Lazy eye comes into focus
An Israeli start-up is trialling its digital amblyopia cure in Shanghai.
13 April 2022
Good vision is critical for children’s development, which makes early diagnosis and treatment of eye-related problems important. But eye specialists are familiar with issues associated with testing young children’s vision as the charts can be hard to understand, especially for toddlers.
A common problem with children’s vision is amblyopia, where a dominant eye gradually eclipses its counterpart, hence the more common term “lazy eye”. For centuries this has been treated with an eyepatch over the dominant eye, forcing the “lazy” one to work harder. But, understandably, many children are reluctant to wear an eyepatch all day – especially since it makes them stand out in the playground.
Israel-based start-up NovaSight is tackling this issue through its self-developed sophisticated algorithms that can diagnose common vision problems among children and treat amblyopia.
Since the system is cloud-based, it can easily be deployed anywhere in the world. Setting its sights on overseas markets, NovaSight recently announced that the first patients in its clinical trial of the CureSight™ amblyopia treatment in Mainland China has been successfully enrolled.
“The study, which includes two sites in Shanghai, is led by Dr Rui Liu from the Eye & ENT Hospital of Fudan University, one of the mainland's top hospitals, and will involve 20 patients in the CureSight treatment group and 20 in the patching control group,” a NovaSight statement said.
“This marks another milestone for NovaSight and the beginning of our journey to secure the mainland National Medical Products Administration clearance in preparation for our future commercial activities in the mainland.”
Ran Yam, CEO of NovaSight, said results of the Shanghai study would be released by the end of 2022.
A similar earlier study in Israel showed that NovaSight’s CureSight system was non inferior to the traditional eyepatch.
Analysis of the results also showed that best corrected visual acuity (BCVA) improvement at week 16 was larger in the treatment group compared to the patching control group, Mr Yam said.
“Moreover, a significant stereo acuity improvement was observed in both groups. Lastly, no serious adverse events were observed in either treatment arms (CureSight or patching) and all non-serious adverse events were transient and self-limiting.”
He said patient compliance with the CureSight system was strong.
“The study also evaluated adherence and patient satisfaction. The mean adherence to CureSight use during the study among subjects evaluated at the week 16 visit (43 subjects) was 93%, as measured by the CureSight’s eye tracking system.
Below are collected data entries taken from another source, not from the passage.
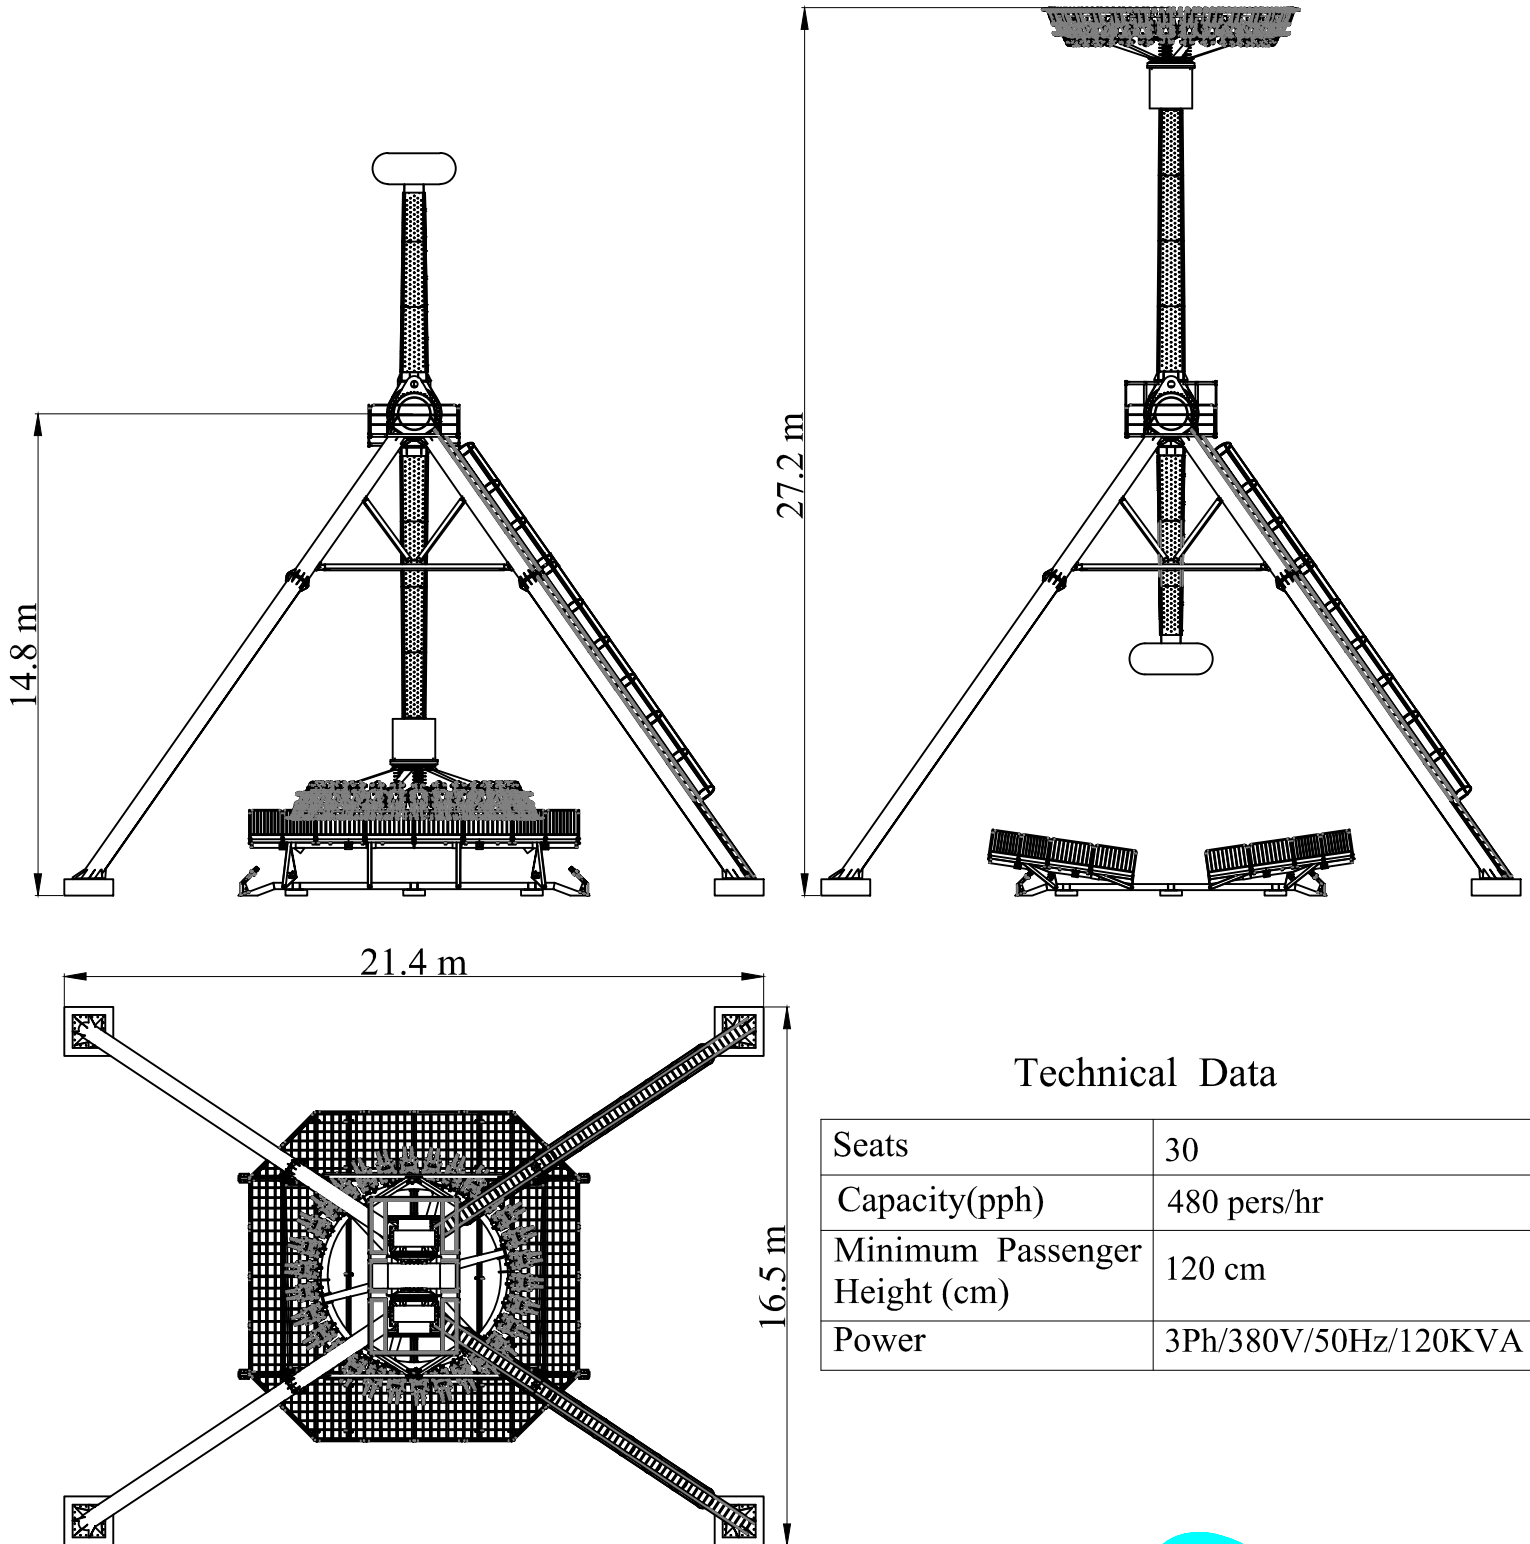

# Technical Specification

## *Gyro Swing 30*

### Technical Data

Seats	30
Capacity(pph)	480 pers/hr
Minimum Passenger Height (cm)	120 cm
Power	3Ph/380V/50Hz/120KVA

HESAM NIRO TOOS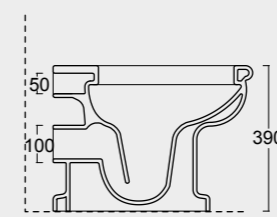

Cod. 28240101

Colonna in ceramica per lavabo Boheme 70
Ceramic pedestal for Boheme Washbasin 70

BOHEME

Cod. VABO

Vasca Boheme in acrilico 170x80
Acrylic Boheme bathube 170x80

Cod. 28200101

Vaso bohème scarico a terra
WC bohème btw with p outlet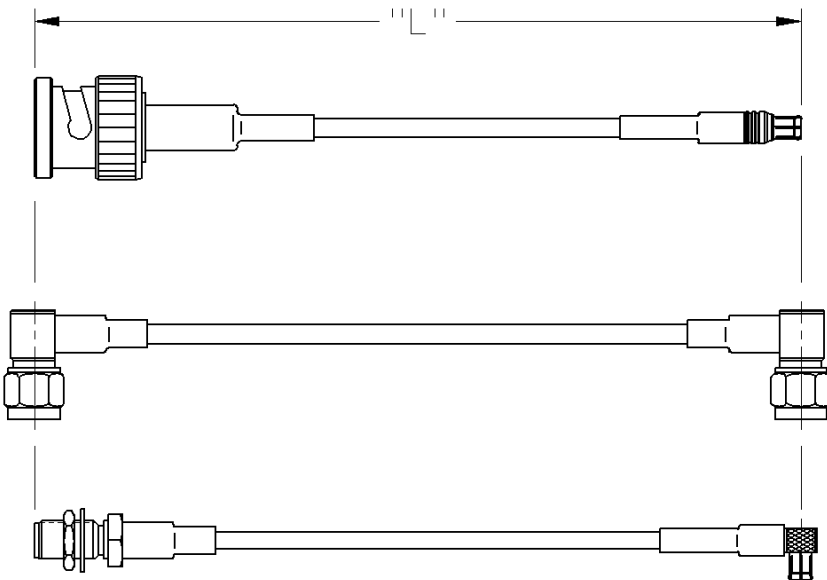

Fixed Length Cable Assemblies

INCHES (MILLIMETERS)
CUSTOMER DRAWINGS AVAILABLE UPON REQUEST

BNC TRUE 75 OHM STRAIGHT PLUG TO BNC TRUE 75 OHM STRAIGHT PLUG

With Boot

PART NUMBER	CABLE TYPE	CABLE LENGTH	CONNECTOR A	CONNECTOR B
415-0048-012	RG-59	12"	CPMC-68-2	CPMC-68-2
415-0048-024	RG-59	24"	CPMC-68-2	CPMC-68-2
415-0048-036	RG-59	36"	CPMC-68-2	CPMC-68-2
415-0048-048	RG-59	48"	CPMC-68-2	CPMC-68-2
415-0048-060	RG-59	60"	CPMC-68-2	CPMC-68-2
415-0052-012	Belden 734 A	12"	CPMC-68-35	CPMC-68-35
415-0052-024	Belden 734 A	24"	CPMC-68-35	CPMC-68-35
415-0052-036	Belden 734 A	36"	CPMC-68-35	CPMC-68-35
415-0052-048	Belden 734 A	48"	CPMC-68-35	CPMC-68-35
415-0052-060	Belden 734 A	60"	CPMC-68-35	CPMC-68-35

Johnson Components' cable length applies to the end of straight connectors. The length is applied to the vertical centroid of right angle connectors. The last three digits of the part number reflect the length of the cable in inches.

In addition, 95% of parents reported that they are likely or very likely to choose the CureSight digital treatment over patching.”
Mr Yam said CureSight trains the visual system to use both eyes simultaneously, with the user watching his favourite streamed video content at the comfort of home, through red-blue treatment glasses. The system tracks the user’s eye movements. Algorithms then blur out parts of the image viewed by the dominant eye, forcing the weaker eye to complete the image (main picture). Since both eyes are open, this improves stereoscopic vision.
He said NovaSight was also planning to introduce its EyeSwift®PRO system, which helps diagnose conditions such as myopia by tracking patients’ eye movements as they watch animated videos on a screen.
“Traditional vision exams such as the eye chart, undergone by hundreds of millions of patients worldwide every year, are manual, subjective, time-consuming, limited and often inaccurate – especially for toddlers who can’t always understand the examiner’s instructions or communicate what they’re seeing,” Mr Yam said. “Therefore, they are not sufficiently effective to detect many visual impairments, including amblyopia (lazy eye). As a result, these conditions often go undetected or are misdiagnosed.
“The EyeSwift®PRO, the second-generation to the EyeSwift device, is designed to replace the traditional eye chart and other manual exams and deliver any trained eye-care provider various fields of diagnostic tools by using dedicated protocols such as myopia, amblyopia, binocular vision and more.”
He added that the system can be suitable for adults as well as children.
Noting the sharp rise in myopia (short sightedness) among children worldwide in the 21st century, brought about by longer time spent indoors and heavy screen use, Mr Yam said NovaSight was working on this problem.
“Though screen usage in the digital age is impossible to avoid, it is important to acknowledge and minimise the eye-health risks associated with prolonged screen time. Unfortunately, today’s laptops and tablets do not offer objective and efficient tools to minimise the myopic effect.
“To accommodate this unmet need, NovaSight is developing TrackSight™, a software as a service (SaaS) solution for myopia prevention and visual health monitoring running on laptops and tablets used by children for both educational and leisure purposes.”